■ TO DO:
Starting at the line that contains "- —•— aansluiting CAI", reproduce only the lines through the end of the data, exactly, including both the first and the last; skip the pictures.

============

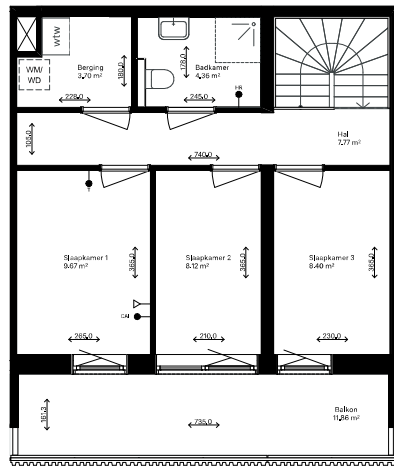

- ▼ entree deur
- —•— Peillex-aansluiting
- —•— aansluiting data
- —•— aansluiting CAI
- —•— thermostaat
- —•— handdoeken radiator
- —•— deurbel
- —•— intercom
- —•— koelstofdiode opnemer
- meterkast
- WD opstelplaats wasmachine
- WM opstelplaats droger
- wtw warmterugwinning-unit
- WP warmtepomp

1e

Geen rechten ontlenen aan deze plattegrond
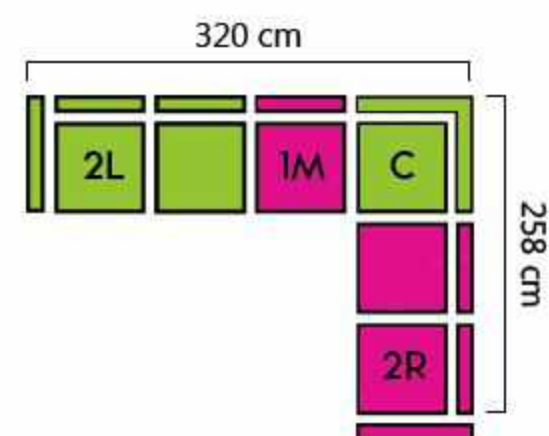

DOMO

— CORNER SOFA XL (2L+1M+C+2R)
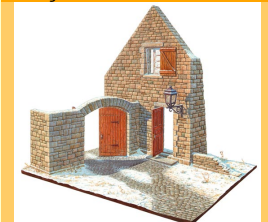

Base de diorama "Village français"

24,50€

Longueur
260,0 mm
Largeur
210,0 mm
Pièces
77,0

MiniArt (MINI36015)

1/35
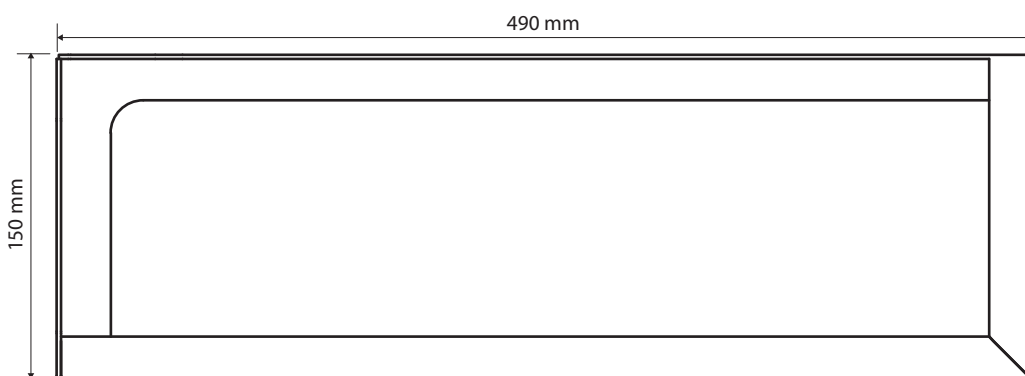

Pravá / right / recht**Parametry / Features / Eigenschaften**

šířka / width / Breite:	56 mm
výška / height / Höhe:	150mm
hloubka / depth / Tiefe:	490 mm
materiál / material / Material:	Fe Fe Fe
povrch. úprava / finish / Oberfläche:	černá / black / Schwarz
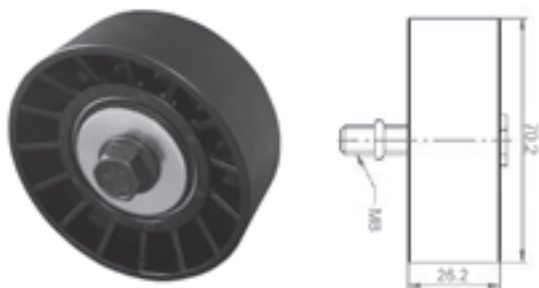

**APLICAÇÃO/APLICACIÓN/APPLICATION**

Ibiza 1.0 16v 01 / 03

**12832** · POLIA TENSIONADORA DA CORREIA DO ALTERNADOR | Polea tensora de la correa del alternador | Accessory drive belt tensioner

**ORIGINAL/EQUIVALENTE**

============

■ WRITTEN SOLUTION:
- —•— aansluiting CAI
- —•— thermostaat
- —•— handdoeken radiator
- —•— deurbel
- —•— intercom
- —•— koelstofdiode opnemer
- meterkast
- WD opstelplaats wasmachine
- WM opstelplaats droger
- wtw warmterugwinning-unit
- WP warmtepomp

1e

Geen rechten ontlenen aan deze plattegrond

DOMO

— CORNER SOFA XL (2L+1M+C+2R)

Base de diorama "Village français"

24,50€

Longueur
260,0 mm
Largeur
210,0 mm
Pièces
77,0

MiniArt (MINI36015)

1/35

Pravá / right / recht**Parametry / Features / Eigenschaften**

šířka / width / Breite:	56 mm
výška / height / Höhe:	150mm
hloubka / depth / Tiefe:	490 mm
materiál / material / Material:	Fe Fe Fe
povrch. úprava / finish / Oberfläche:	černá / black / Schwarz

**APLICAÇÃO/APLICACIÓN/APPLICATION**

Ibiza 1.0 16v 01 / 03

**12832** · POLIA TENSIONADORA DA CORREIA DO ALTERNADOR | Polea tensora de la correa del alternador | Accessory drive belt tensioner

**ORIGINAL/EQUIVALENTE**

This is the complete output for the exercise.